Question about Baby Rudin — Theorem 1.20 b)

Question

I won't reproduce the proof here, but here is a link to another MathSE question about the same theorem. I've read Brian M. Scott's answer, but I think I'm missing something — I still don't understand why $m_1$ and $m_2$ are necessary for the proof; why can't we just pick an $m$ like in the following examples?

$$ \text{Let } m = \begin{cases} 5 &\text{if } nx = 4.6 \\ 2 &\text{if } nx = \sqrt{2} \\ -6 &\text{if } nx = -7 \\ \vdots &\text{etc.} \end{cases} , $$

i.e. let $m$ be the next largest integer. I believe this method will always satisfy $m - 1 \leq nx < m$.
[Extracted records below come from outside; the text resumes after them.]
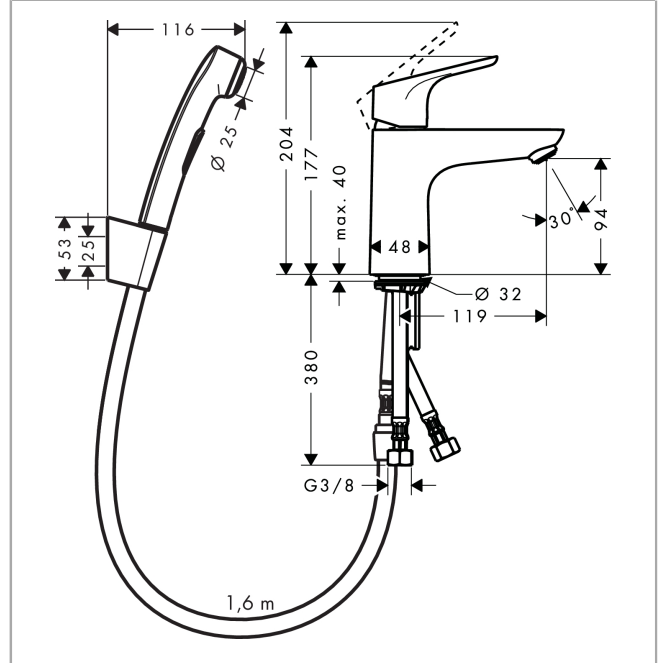

Focus

Bidette 1jet hand shower/ Focus 100 single lever basin mixer set 1.60 m

Surfaces: **chrome** Article Number: **31927000**

Description

product features

- flow rate: 5 l/min
- ceramic cartridge
- temperature limitation adjustable
- push-open waste set G 1¼
- suitable for continuous flow water heaters
- connection dimension: DN15

Technology

Product image

Scale drawing

Flowchart

Now I'm guessing that the reason we can't directly pick an $m$ without the help of $m_1$ and $m_2$ has something to do with rigour; I think I would be assuming things about $\mathbb{R}$ that Rudin wouldn't want me to just yet, but I can't quite put my finger on what exactly.

Answer 1

Because at that point we don’t know that there is a next larger integer. As I said in that answer, we could use the well-ordering principle for the natural numbers to show that such an integer exists if we knew that $nx$ was positive, but we don’t: $n$ is positive, but $x$ can be any real number. The argument using $m_1$ and $m_2$ establishes that there is such an $m$ even if $nx$ is negative. This part of the proof of could just as well have been pulled out as a separate lemma or proposition: for any $x\in\Bbb R$ there is in integer $m$ such that $m-1\le x<m$.